Lo cierto es que siento la necesidad de dar la vuelta al modelo y de empezar a escribir y a leer otra historia. La de quienes bajan las montañas, la de quienes más allá de llegar o no a la cima disfrutan con cada paso del recorrido, la de quienes alimentan su alma de momentos (y no de adrenalina), la de quienes no hipotecan su vida por sus objetivos sino que diseñan objetivos que les permiten disfrutar intensamente de su vida. Y ahí estamos. 
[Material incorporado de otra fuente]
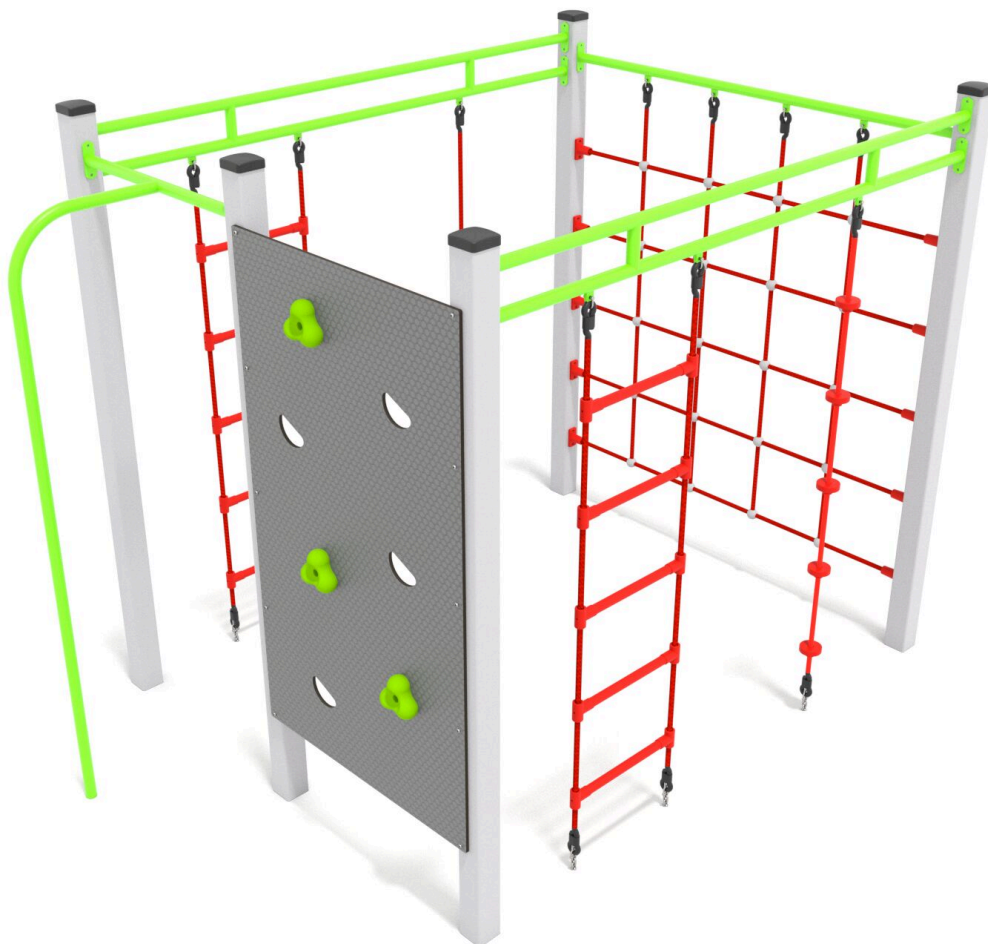

BU-00764

Smart / Lezecká sestava

SPECIFIKACE

Rozměry prvku (d x š x v) 173 x 254 x 196 cm

Dopadová plocha (d x š) 525 x 606 cm

Dopadová plocha (m²) 27,8 m²

Výška volného pádu 189 cm

Věková skupina 3-14 let

Počet uživatelů 8

V souladu s normou: EN 1176-1: 2017

BU-00764 Smart / Lezecká sestava

Použité materiály

Trubkové zátky

Bezpečné trubkové zátky ze vstříkovaného polyamidu.

Ocelová konstrukce

Pevná konstrukce vyrobená z černé oceli, ošetřená pískováním.

Lana s ocelovým jádrem

Polypropylenová lana s ocelovým jádrem a průměrem 16 mm.

HPL 10 mm antracit

Protiskluzová antracitová 10 mm deska platformy z HPL s velmi vysokou odolností proti povětrnostním podmínkám a opotřebení.

Lezecké chyty

Lezecké chyty ze vstříkovaného polyamidu.

Airoto fue una central fallida pero es un lugar maravilloso. No todas las cimas se alcanzan pero lo que dan las montañas es mucho más que “éxitos” puntuales. Y el próximo año tendré un trabajo que no he elegido pero del que espero saber disfrutar al menos tanto como del que he tenido los últimos años.

Y puesto que no soy la única para la que este año lo laboral ha dado un giro insospechado, en este post no puedo dejar de pensar en todas mis compañeras (y también mis compañeros) que están en las mismas circunstancias. Ni éxito, ni fracaso: vida.